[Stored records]
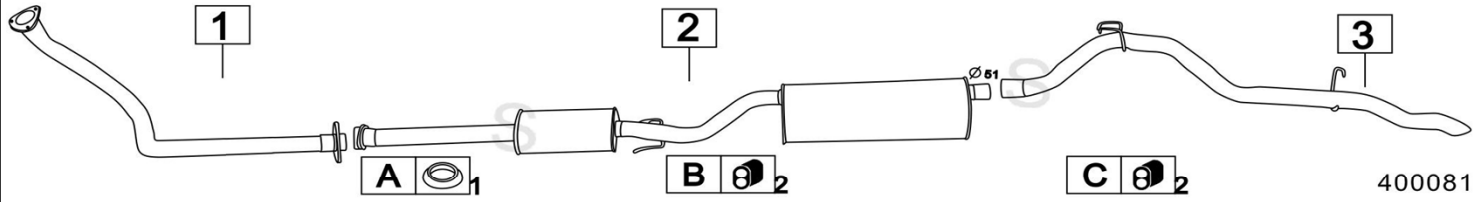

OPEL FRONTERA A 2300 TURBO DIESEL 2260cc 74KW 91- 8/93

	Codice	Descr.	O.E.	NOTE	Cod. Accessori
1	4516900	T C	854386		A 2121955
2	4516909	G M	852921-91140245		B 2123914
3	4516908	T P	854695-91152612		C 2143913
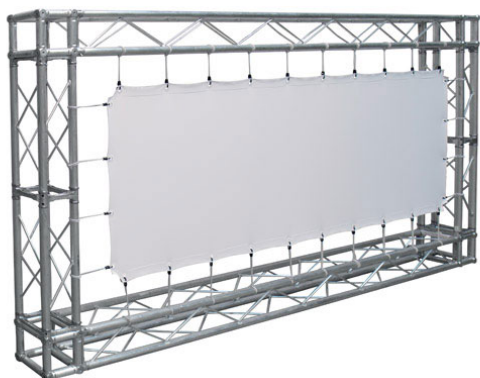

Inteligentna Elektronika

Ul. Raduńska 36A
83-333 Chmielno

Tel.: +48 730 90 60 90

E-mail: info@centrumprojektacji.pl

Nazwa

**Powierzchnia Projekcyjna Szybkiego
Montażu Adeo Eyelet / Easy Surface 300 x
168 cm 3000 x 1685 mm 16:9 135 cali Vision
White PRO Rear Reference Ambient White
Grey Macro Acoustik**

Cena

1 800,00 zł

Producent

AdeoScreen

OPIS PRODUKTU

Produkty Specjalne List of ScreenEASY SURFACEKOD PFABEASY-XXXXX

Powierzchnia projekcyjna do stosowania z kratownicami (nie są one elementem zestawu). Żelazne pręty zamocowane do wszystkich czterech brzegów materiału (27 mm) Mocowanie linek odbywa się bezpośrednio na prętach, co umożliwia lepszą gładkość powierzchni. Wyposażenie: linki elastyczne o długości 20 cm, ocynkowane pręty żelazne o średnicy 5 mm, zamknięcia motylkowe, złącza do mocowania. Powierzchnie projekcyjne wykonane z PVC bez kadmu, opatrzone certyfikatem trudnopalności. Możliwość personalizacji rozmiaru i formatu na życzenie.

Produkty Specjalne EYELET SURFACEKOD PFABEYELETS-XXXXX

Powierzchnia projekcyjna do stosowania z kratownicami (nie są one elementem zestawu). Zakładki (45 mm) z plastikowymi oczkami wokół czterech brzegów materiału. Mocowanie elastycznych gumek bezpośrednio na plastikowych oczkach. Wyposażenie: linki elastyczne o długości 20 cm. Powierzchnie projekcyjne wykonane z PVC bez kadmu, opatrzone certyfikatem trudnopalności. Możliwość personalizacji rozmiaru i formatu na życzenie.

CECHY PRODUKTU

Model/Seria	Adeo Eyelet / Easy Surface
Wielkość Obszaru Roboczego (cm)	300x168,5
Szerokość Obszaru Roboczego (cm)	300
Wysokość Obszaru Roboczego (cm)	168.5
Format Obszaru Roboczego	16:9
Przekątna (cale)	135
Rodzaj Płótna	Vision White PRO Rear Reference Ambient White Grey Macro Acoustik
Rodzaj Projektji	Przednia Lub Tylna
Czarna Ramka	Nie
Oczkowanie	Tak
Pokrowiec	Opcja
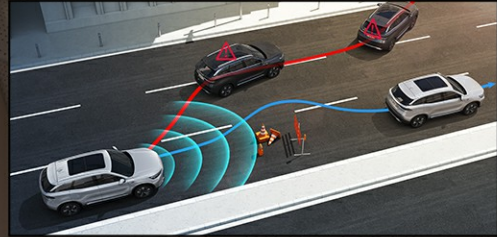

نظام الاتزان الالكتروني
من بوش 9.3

• _What is expected_
Where a line in the records above includes the string "White", show it.

• _Task answer_
White PRO Rear Reference Ambient White
Rodzaj Płótna	Vision White PRO Rear Reference Ambient White Grey Macro Acoustik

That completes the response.